The cult of pleasing men has reached ridiculous proportions amongst the teen and twenty something women.


We have the ‘trend’ of bisexuality displayed by young women for the viewing pleasure of their partners or any onlooker who’s passing, and we have the growing feeling that one should always accompany one’s male partner to a strip club to view the ladies, as to do otherwise would not be cool. It brings memories of University and Stuart Hood’s work on 'women as the watched, and men as the watchers'. One can only wonder how the young woman struggling to come to terms with her own genuine lesbianism feels when she sees so many others try it ‘off the peg’ for a bit of a laugh.


I often work with young female journalists. To a woman they look like gorgeous china dolls, and I wonder what happened to all the talented female writers who don’t happen to look like that? Are they automatically discounted from the shortlist because of their looks? The same stringent quality controls are very obviously not applied to the male equivalents.
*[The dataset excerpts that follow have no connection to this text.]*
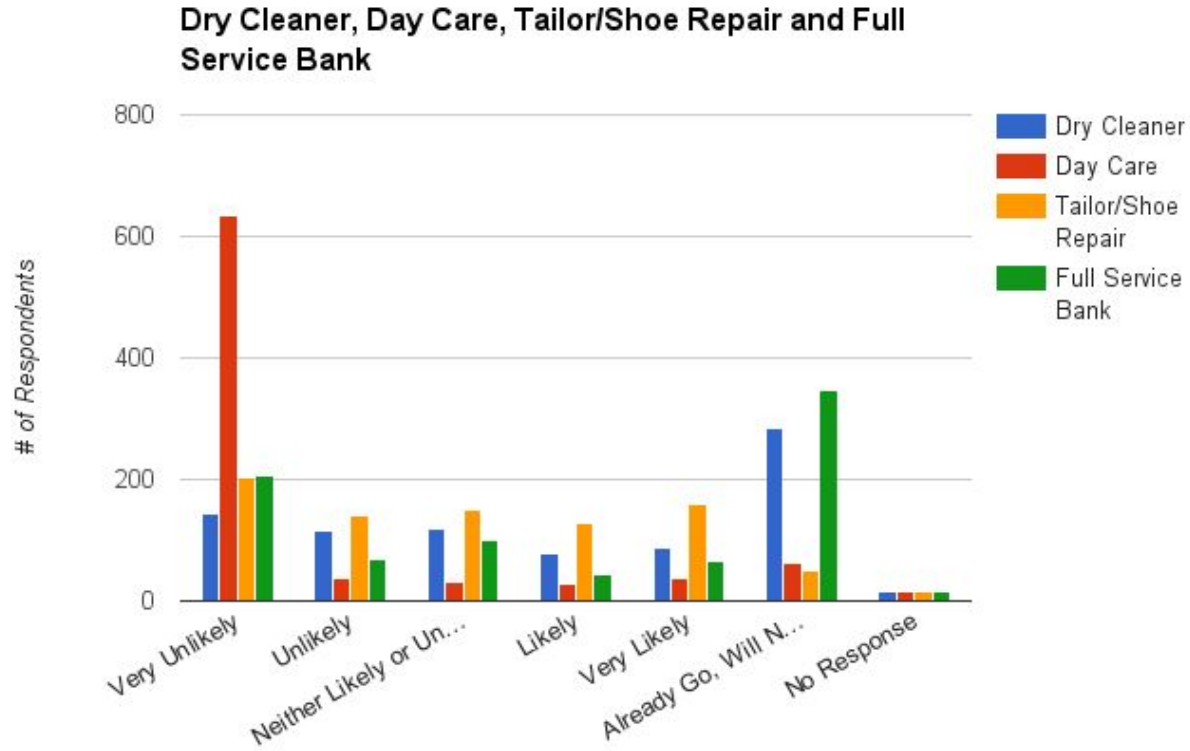

Dance Hall/Other Assembly Use

Fitness Club

Barre Studio

Yoga Studio

Salsa Club

If Constructed in Mansfield, how likely would you use these types of services?

Dry Cleaner

Day Care

I shiver when I hear young women declare ‘I’m not a feminist’, because by saying that you are telling everyone that you do not believe that you deserve equal rights, you are negating the pain, suffering and sometimes deaths of women who walked before you in order to gain the freedoms that you take so much for granted.


Worst of all your mothers and grandmothers have allowed this to happen.
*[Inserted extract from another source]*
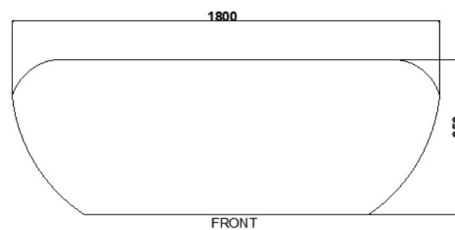

Product Dimensions (mm)

Shame on all of this. We have sold our daughters' and granddaughters' futures to a world where they’re held less than worthy if they don’t look like a model while achieving that PhD.

Maybe it’s more apparent to me coming from a non-Australian background, but I’m still shocked at the way a good proportion of Australian men speak about women; the utter disrespect, arrogance and ridicule that is the starting point for any interaction with the opposite sex depresses me on a regular basis. This is in contrast to the many Australian men who I know who do treat women well, who know how to be real gentle-men and have no problem with being on an equal footing with women. So how come the latter never get the limelight in this macho society. What are the Neanderthals afraid of?

I certainly never heard men speak of women like this in Europe or UK. I’m not saying it doesn’t exist, but that it’s not tolerated openly in society, which is a starting point.


The hero worship of the Sam Newmans, Shane Warnes and the like is beyond belief in a supposedly modern society. Until women - especially young women - get the guts to say ‘no’ and stop playing the gender politics game to the agenda set by the Neanderthals – whether on a domestic, professional or political level – and start working together with the many men who do want to work together with us, it will remain as it is, and our daughters and granddaughters will have been cheated of their legacy – a world where they can ditch the stilettos and the diets and still feel they’re worth something.